Several misconceptions linger concerning the origin and impact of the popular term. One is whether Hoyle introduced the nickname to ridicule or denigrate the small community of cosmologists who thought that the Universe had a violent beginning — a hypothesis that then seemed irrational. Another is that this group adopted ‘Big Bang’ eagerly, and it then migrated to other sciences and to everyday language. In reality, for decades, scientists ignored the catchy phrase, even as it spread in more-popular contexts.

This new map of the Universe suggests dark matter shaped the cosmos

The first cosmological theory of the Big Bang type dates back to 1931, when Belgian physicist and Catholic priest Georges Lemaître proposed a model based on the radioactive explosion of what he called a “primeval atom” at a fixed time in the past. He conceived that this primordial object was highly radioactive and so dense that it comprised all the matter, space and energy of the entire Universe. From the original explosion caused by radioactive decay, stars and galaxies would eventually form, he reasoned. Lemaître spoke metaphorically of his model as a “fireworks theory” of the Universe, the fireworks consisting of the decay products of the initial explosion.
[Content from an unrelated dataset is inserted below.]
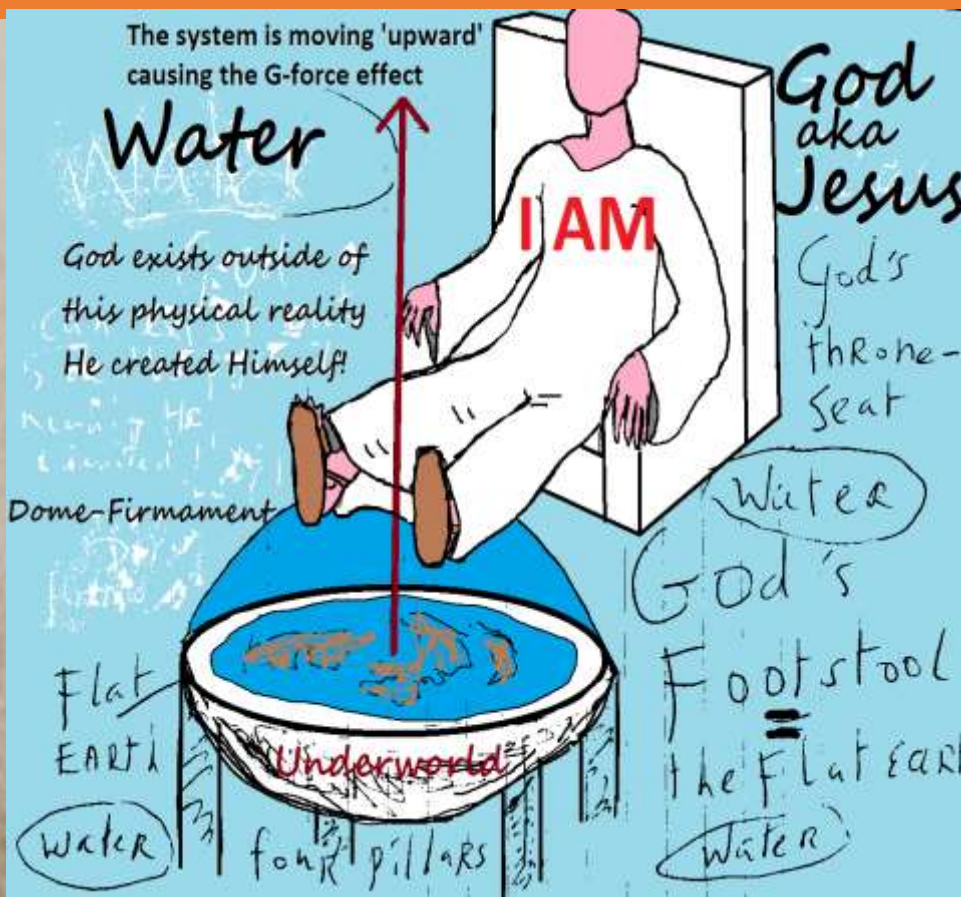

I'am I'am and the deceiver is NOT I'AM

AUSTRALIA

However, Big Bang cosmology in its modern meaning — that the Universe was created in a flash of energy and has expanded and cooled down since — took off only in the late 1940s, with a series of papers by the Soviet–US nuclear physicist George Gamow and his US associates Ralph Alpher and Robert Herman. Gamow hypothesized that the early Universe must have been so hot and dense that it was filled with a primordial soup of radiation and nuclear particles, namely neutrons and protons. Under such conditions, those particles would gradually come together to form atomic nuclei as the temperature cooled. By following the thermonuclear processes that would have taken place in this fiery young Universe, Gamow and his collaborators tried to calculate the present abundance of chemical elements in an influential 1948 paper 1 .

Competing ideas

The same year, a radically different picture of the Universe was announced by Hoyle and Austrian-born cosmologists Hermann Bondi and Thomas Gold. Their steady-state theory assumed that, on a large scale, the Universe had always looked the same and would always do so, for eternity. According to Gamow, the idea of an ‘early Universe’ and an ‘old Universe’ were meaningless in a steady-state cosmology that posited a Universe with no beginning or end.
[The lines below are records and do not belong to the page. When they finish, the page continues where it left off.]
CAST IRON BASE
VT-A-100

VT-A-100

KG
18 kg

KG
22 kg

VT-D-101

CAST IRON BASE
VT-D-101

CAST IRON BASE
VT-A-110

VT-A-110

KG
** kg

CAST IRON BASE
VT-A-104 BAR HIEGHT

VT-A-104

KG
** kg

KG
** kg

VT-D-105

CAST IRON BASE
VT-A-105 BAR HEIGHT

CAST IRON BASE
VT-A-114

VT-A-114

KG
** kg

Over the next two decades, an epic controversy between these two incompatible systems evolved. It is often portrayed as a fight between the Big Bang theory and the steady-state theory, or even personalized as a battle between Gamow and Hoyle. But this is a misrepresentation.

Soviet–US nuclear physicist George Gamow was an early proponent of Big Bang cosmology. Credit: Bettmann/Getty

Both parties, and most other physicists of the time, accepted that the Universe was expanding — as US astronomer Edwin Hubble demonstrated in the late 1920s by observing that most galaxies are rushing away from our own. But the idea that is so familiar today, of the Universe beginning at one point in time, was widely seen as irrational. After all, how could the cause of the original explosion be explained, given that time only came into existence with it? In fact, Gamow’s theory of the early Universe played almost no part in this debate.
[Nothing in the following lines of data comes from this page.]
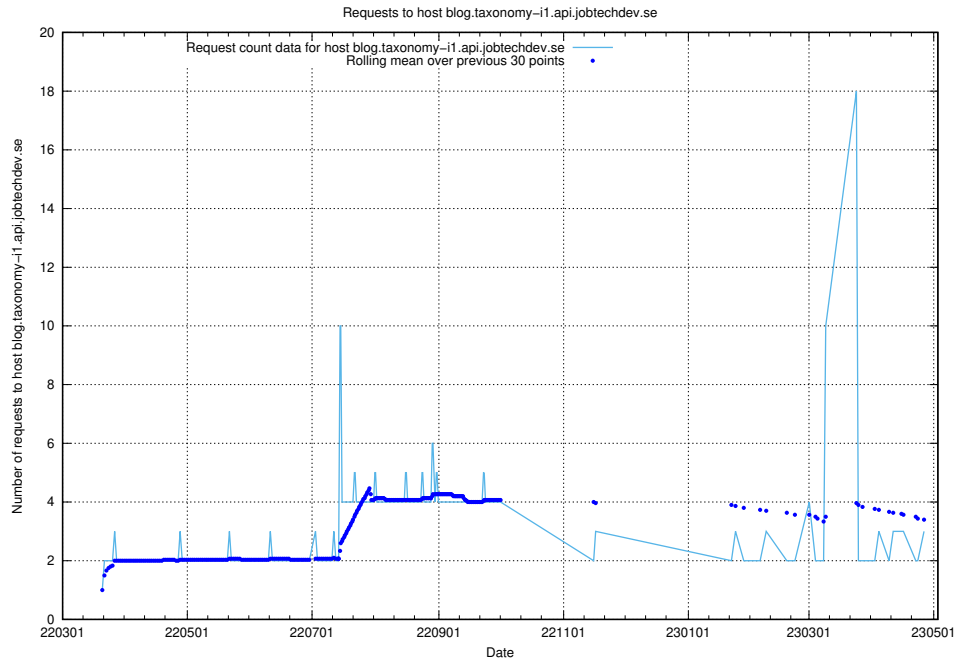

7.218 Usage of `blog.taxonomy-i1.api.jobtechdev.se`

Here, we count the number of requests to host `blog.taxonomy-i1.api.jobtechdev.se`.
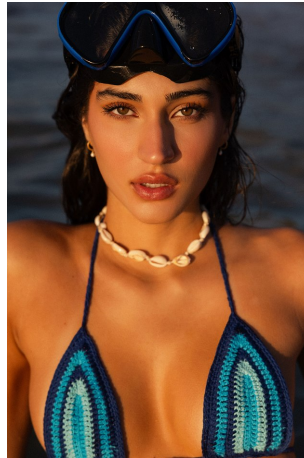

Rachel Carrillo Height 5'8" | 173cm Bust 34" | 86cm Waist 24" | 61cm Hips 35" | 89cm
Dress 2 US | 32 EU Shoe 8 US | 39 EU Hair Brown Eyes Hazel

Rachel Carrillo Height 5'8" | 173cm Bust 34" | 86cm Waist 24" | 61cm Hips 35" | 89cm
Dress 2 US | 32 EU Shoe 8 US | 39 EU Hair Brown Eyes Hazel

Rather, a bigger question at the time was whether the Universe was evolving in accordance with German physicist Albert Einstein’s general theory of relativity, which predicted that it was either expanding or contracting, not steady. Although Einstein’s theory doesn’t require a Big Bang, it does imply that the Universe looked different in the past than it does now. And an ever-expanding Universe does not necessarily entail the beginning of time. An expanding Universe could have blown up from a smaller precursor, Lemaître suggested in 1927.

An apt but innocent phrase

On 28 March 1949, Hoyle — a well-known popularizer of science — gave a radio talk to the BBC Third Programme, in which he contrasted these two views of the Universe. He referred to “the hypothesis that all the matter in the universe was created in one big bang at a particular time in the remote past”. This lecture was indeed the origin of the cosmological term ‘Big Bang’. A transcript of the talk was reproduced in full in the BBC’s The Listener magazine, and Hoyle mentioned it in his 1950 book The Nature of the Universe , which was based on a series of BBC broadcasts he made earlier the same year.

How dwarf galaxies lit up the Universe after the Big Bang

Although Hoyle resolutely dismissed the idea of a sudden origin of the Universe as unacceptable on both scientific and philosophical grounds, he later said that he did not mean it in ridiculing or mocking terms, such as was often stated. None of the few cosmologists in favour of the exploding Universe, such as Lemaître and Gamow, was offended by the term. Hoyle later explained that he needed visual metaphors in his broadcast to get across technical points to the public, and the casual coining of ‘Big Bang’ was one of them. He did not mean it to be derogatory or, for that matter, of any importance.

Hoyle’s ‘Big Bang’ was a new term as far as cosmology was concerned, but it was not in general contexts. The word ‘bang’ often refers to an ordinary explosion, say, of gunpowder, and a big bang might simply mean a very large and noisy explosion, something similar to Lemaître’s fireworks. And indeed, before March 1949, there were examples in the scientific literature of meteorologists and geophysicists using the term in their publications. Whereas they referred to real explosions, Hoyle’s Big Bang was purely metaphorical, in that he did not actually think that the Universe originated in a blast.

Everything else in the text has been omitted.